▶ _Task statement_
Lines from the one containing "VESA mounting support" through the end of the data below are to be transcribed exactly; leave out all others.

▶ _Records_
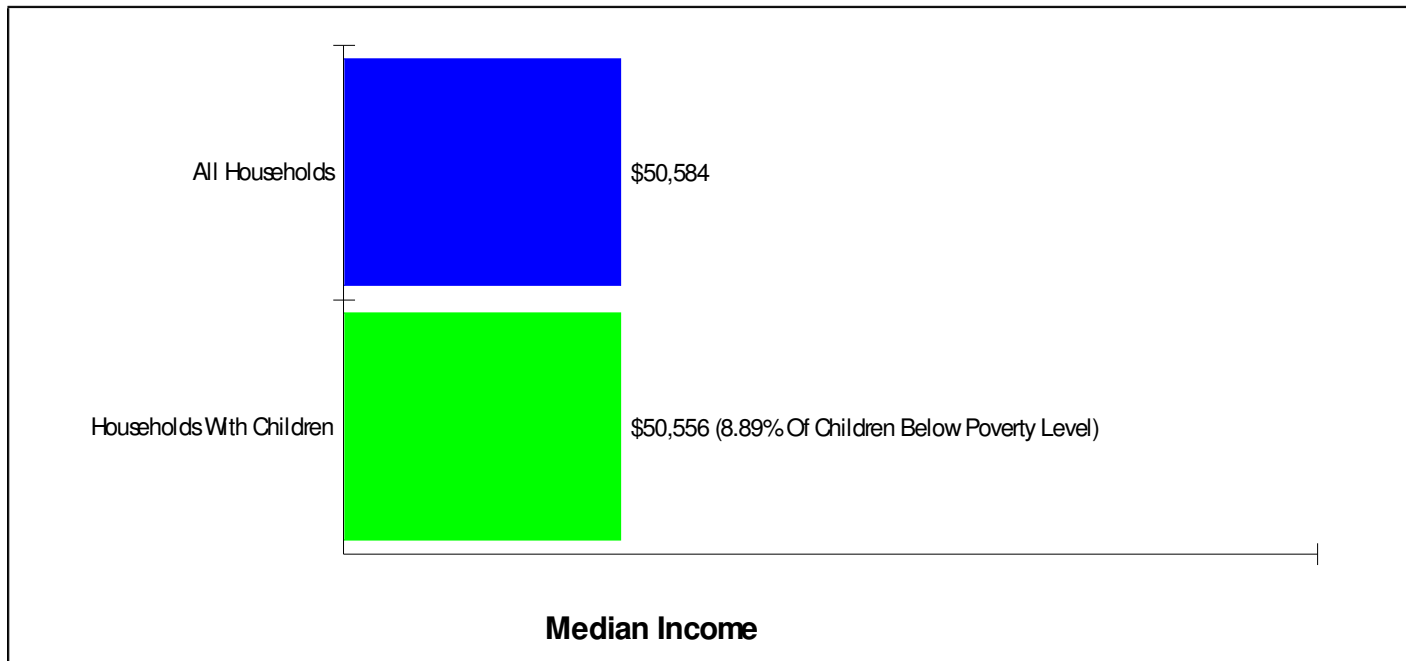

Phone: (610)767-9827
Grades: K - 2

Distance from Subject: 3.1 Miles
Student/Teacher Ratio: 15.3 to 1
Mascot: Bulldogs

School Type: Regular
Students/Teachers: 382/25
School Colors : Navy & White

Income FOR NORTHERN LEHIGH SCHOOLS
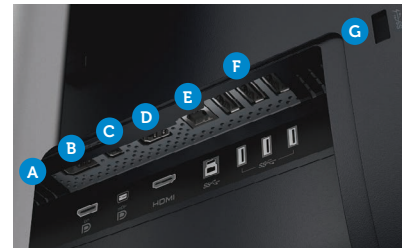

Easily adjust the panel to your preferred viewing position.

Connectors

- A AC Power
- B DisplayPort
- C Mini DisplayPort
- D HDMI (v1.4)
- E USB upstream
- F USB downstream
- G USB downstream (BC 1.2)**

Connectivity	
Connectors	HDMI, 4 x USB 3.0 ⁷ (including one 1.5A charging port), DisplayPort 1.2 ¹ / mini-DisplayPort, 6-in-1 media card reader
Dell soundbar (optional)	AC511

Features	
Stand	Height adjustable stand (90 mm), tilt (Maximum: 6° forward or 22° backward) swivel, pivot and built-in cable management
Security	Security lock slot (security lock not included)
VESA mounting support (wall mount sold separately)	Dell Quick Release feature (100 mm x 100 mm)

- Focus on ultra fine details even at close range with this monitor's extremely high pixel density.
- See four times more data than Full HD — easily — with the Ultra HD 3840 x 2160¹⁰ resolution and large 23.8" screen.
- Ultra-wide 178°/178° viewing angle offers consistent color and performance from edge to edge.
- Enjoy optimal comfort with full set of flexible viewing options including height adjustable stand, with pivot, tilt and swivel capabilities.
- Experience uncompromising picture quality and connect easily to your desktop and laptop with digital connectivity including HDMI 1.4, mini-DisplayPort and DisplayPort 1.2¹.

▶ _Written reply_
VESA mounting support (wall mount sold separately)	Dell Quick Release feature (100 mm x 100 mm)

- Focus on ultra fine details even at close range with this monitor's extremely high pixel density.
- See four times more data than Full HD — easily — with the Ultra HD 3840 x 2160¹⁰ resolution and large 23.8" screen.
- Ultra-wide 178°/178° viewing angle offers consistent color and performance from edge to edge.
- Enjoy optimal comfort with full set of flexible viewing options including height adjustable stand, with pivot, tilt and swivel capabilities.
- Experience uncompromising picture quality and connect easily to your desktop and laptop with digital connectivity including HDMI 1.4, mini-DisplayPort and DisplayPort 1.2¹.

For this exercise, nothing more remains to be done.